What happened

Shares of construction-oriented retailer Floor & Decor Holdings (FND 0.38%) rose 11% in August according to data from S&P Global Market Intelligence. Gym company Planet Fitness (PLNT 1.16%) had an even better showing, rising 16.5%. However, all retail names didn't do nearly that well, with recreational vehicle and outdoor specialist Camping World Holdings (CWH 2.60%) off by roughly 20.5% in the month. 

August represents an interesting turn of events when you step back and look at the earnings of each of these three retail names. To help put that in perspective, however, it helps to examine the price performance of the stocks between January and August. Over that eight month span Camping World Holdings was up 97%, Floor & Decor was up 44%, and Planet Fitness was down nearly 19%. For reference, the S&P 500 index was up 8.5% over the same period. 
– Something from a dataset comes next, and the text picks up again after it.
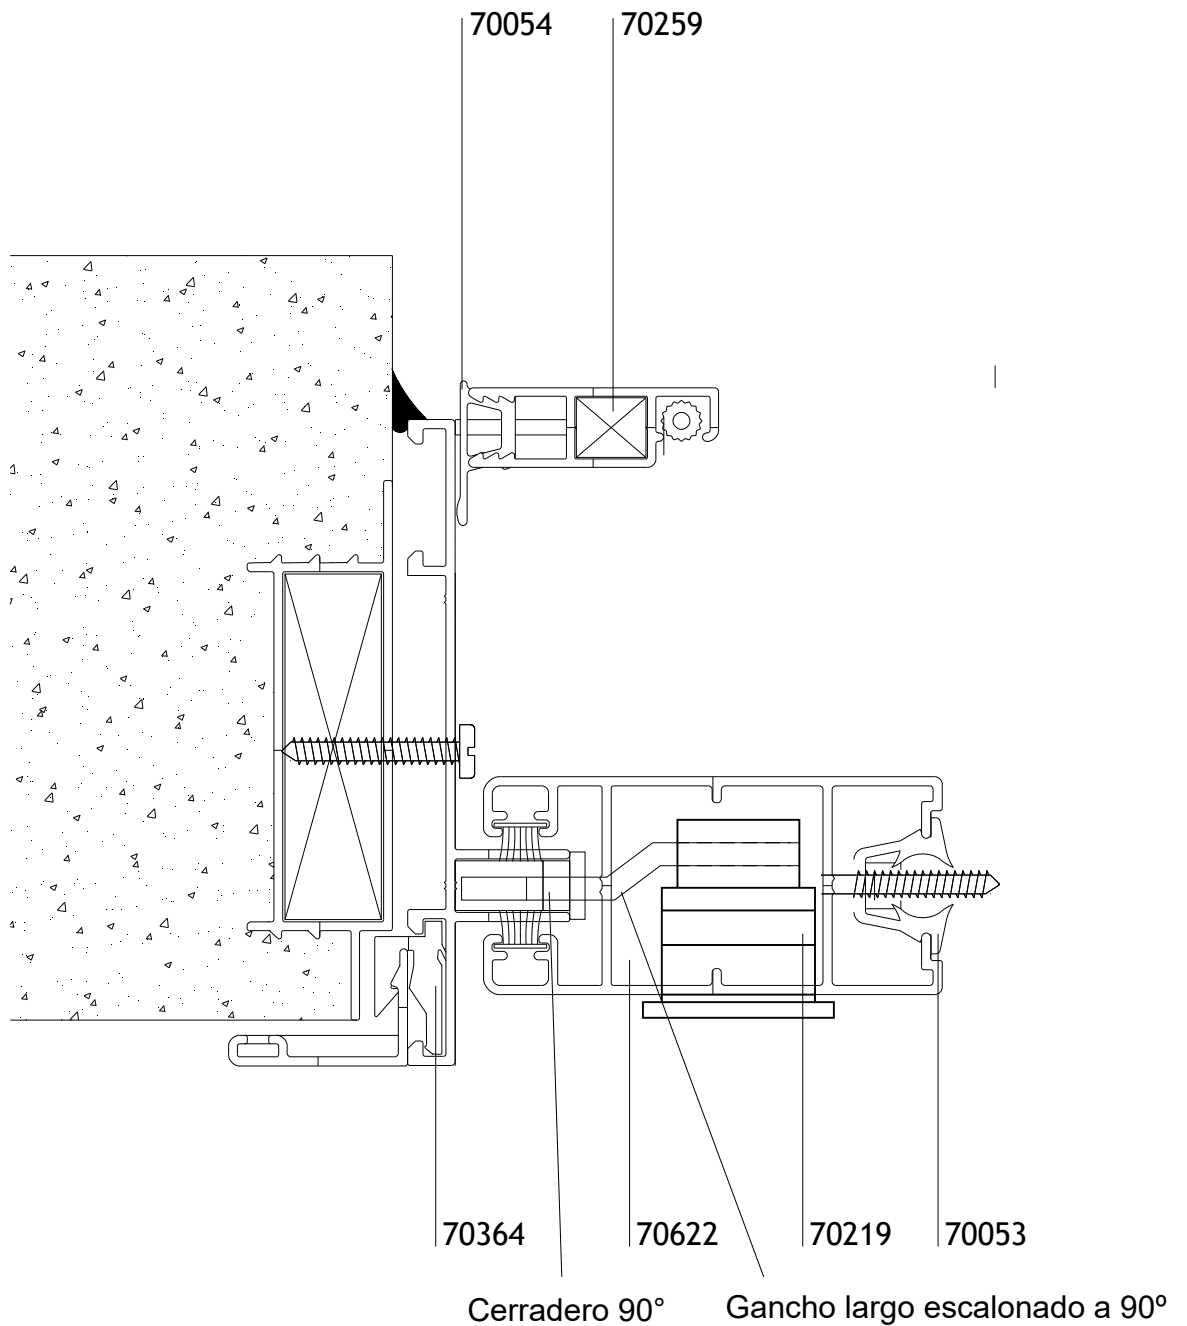

LINEA LITORAL A 90°

An arm pointing to graph on computer screen

Image source: Getty Images.

So what

Planet Fitness is easily the biggest turnaround of the three when it comes to stock price. That makes complete sense given the impact of COVID-19 on its business. The company's gyms were at the center of the pandemic storm, noting that the coronavirus is easily spread in group settings with a lot of heavy breathing going on. Not surprisingly, its gyms were shut down, cutting off revenue across its business. When it reported second-quarter earnings in early August the numbers were terrible, with revenue off by roughly 78% over the same quarter in 2019. Earnings fell to a loss of $0.36 per share compared to a profit of $0.41 per share in the previous year. Investors, however, had been expecting bad news. The focus, instead, was likely on the fact that the company had reopened 1,477 of its 2,059 gyms. Moreover, those numbers actually included 21 new gyms, as Planet Fitness is continuing to expand despite the current headwinds. Investors clearly think the future will be much brighter than the recent past, which is not at all an outlandish assumption given how bad things got during the shutdown.  

Floor & Decor reported earnings in late July and it, too, was hit by the impact of COVID-19. Sales were down by 11% in the quarter compared to 2019, with adjusted earnings off by nearly 62%. Like Planet Fitness, that bad news was largely expected. The news on the reopening front, meanwhile, was pretty good, as the company was able to reopen all of its locations in June. Furthermore, comparable-store sales growth was 7.7% in June, after a series of poor relative showings during the shutdown because shuttered stores don't generate any sales. July's strong number, however, showed that demand has picked up quickly as the retailer reopened its stores. Floor & Decor also announced it was increasing its new store opening plans for 2020 from 11 to 13 and reaffirmed its plans to expand its store base by roughly 20% in 2021. In other words, given the COVID-19 setback, Floor & Decor is still doing fairly well overall. One thing worth noting, and perhaps monitoring, is that the retailer did a secondary offering in August. The sellers involved were larger shareholders looking to sell stock, with the company seeing no cash from the transaction. This isn't unusual or inherently bad from a big-picture perspective, but the timing of the decision should probably make investors a bit edgy.   

CWH Chart

CWH data by YCharts

The oddball of this trio is Camping World Holdings, which saw its stock fall in August. When it reported second-quarter earnings in early August, it reported top-line growth of 9% year over year. Earnings increased more than threefold, going from $0.46 per share in the second quarter of 2019 to $1.54 in the same quarter of 2020. As consumers were asked to stay home to help slow the spread of COVID-19, they were clearly looking for ways to spend their time and RVs were seen as a good option. Investors were quick to react to that shift, however, bidding the stock up while the shares of other retailers were floundering. At the end of July, for example, Camping World's shares were up 160% for the year. After a spike in early August along with earnings, the stock quickly started to sell off. The key here is that investors had priced a lot of good news into the stock and were likely looking to lock in gains as the U.S. economy began to reopen, leading to downward pressure on the shares. Long-term investors should note that, based on the still-huge year-to-date price advance relative to the market, there continues to be a lot of good news priced in here (as of this writing, the stock was still up around 100% for the year even after a material price drop).   

Now what

There is a transition taking place today as the big-picture story shifts from the economy being effectively shut down because of COVID-19 to the economy starting to reopen. The names that benefited from the closures involved in slowing the spread of the coronavirus, like Camping World, may find that it was just a temporary boost. And the retailers that saw results fall off during the shut down, like Planet Fitness and Floor & Decor, are likely to see financial results tick higher. Wall Street has a bad habit of overreacting on both the upside and downside, which means investors will want to keep their wits about them in the quarters ahead as they look at retail stocks like Camping World, Floor & Decor, and Planet Fitness.